- _Required work_
Line by line, copy out the entries exactly and leave the pictures behind.

Stored items
########################################
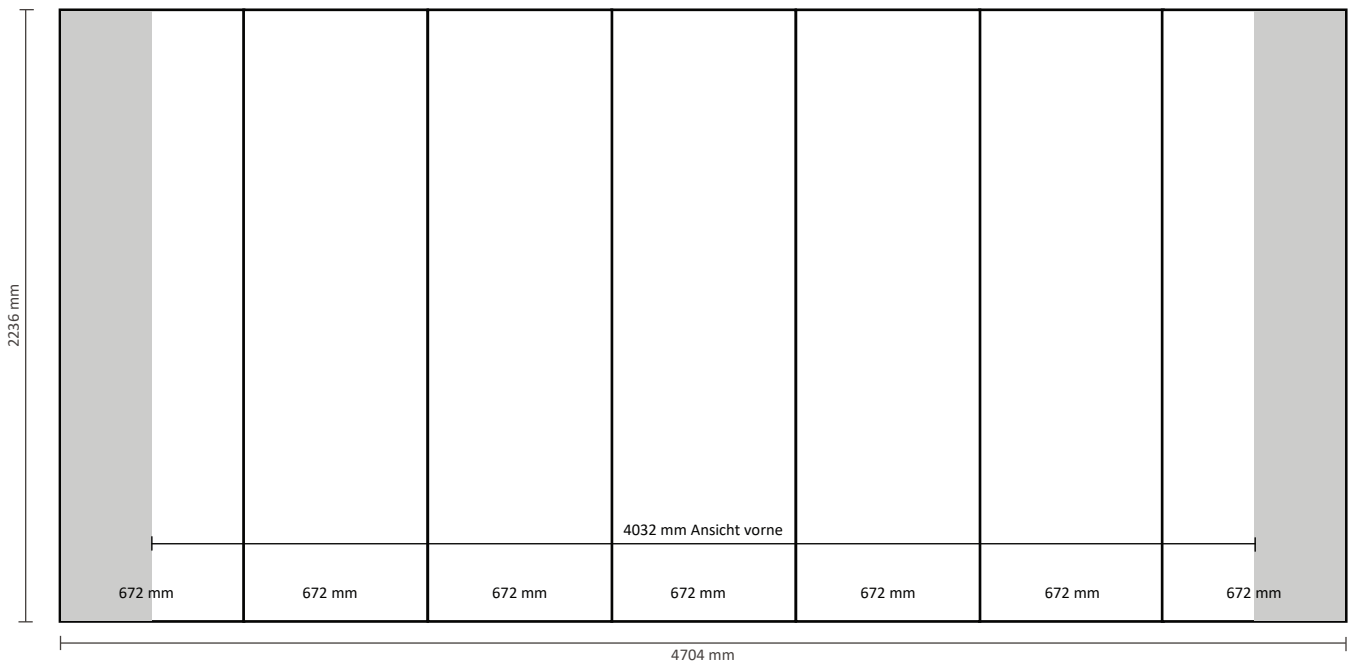

## Graphische Spezifikationen

Anzahl der Druckbahnen: 5  
Tatsächliche Größe der Druckbahn: 672 \* 2236mm (B/H)  
Gesamtgröße: 3360 \* 2236mm (B/H)

## Graphische Spezifikationen

Anzahl der Druckbahnen: 6  
Tatsächliche Größe der Druckbahn: 672 \* 2236mm (B/H)  
Gesamtgröße: 4032 \* 2236mm (B/H)

## Graphische Spezifikationen

Anzahl der Druckbahnen: 7  
Tatsächliche Größe der Druckbahn: 672 \* 2236mm (B/H)  
Gesamtgröße: 4704 \* 2236mm (B/H)

### 5x3 Gebogen (PUM53CE)

Anzahl der extra Druckbahnen: 5  
Tatsächliche Größe der Druckbahn: 814 \* 2236mm (B/H)  
Tatsächliche Gesamtgröße: 4070 \* 2236mm (B/H)
########################################
- _Expected answer_
## Graphische Spezifikationen

Anzahl der Druckbahnen: 5  
Tatsächliche Größe der Druckbahn: 672 \* 2236mm (B/H)  
Gesamtgröße: 3360 \* 2236mm (B/H)

## Graphische Spezifikationen

Anzahl der Druckbahnen: 6  
Tatsächliche Größe der Druckbahn: 672 \* 2236mm (B/H)  
Gesamtgröße: 4032 \* 2236mm (B/H)

## Graphische Spezifikationen

Anzahl der Druckbahnen: 7  
Tatsächliche Größe der Druckbahn: 672 \* 2236mm (B/H)  
Gesamtgröße: 4704 \* 2236mm (B/H)

### 5x3 Gebogen (PUM53CE)

Anzahl der extra Druckbahnen: 5  
Tatsächliche Größe der Druckbahn: 814 \* 2236mm (B/H)  
Tatsächliche Gesamtgröße: 4070 \* 2236mm (B/H)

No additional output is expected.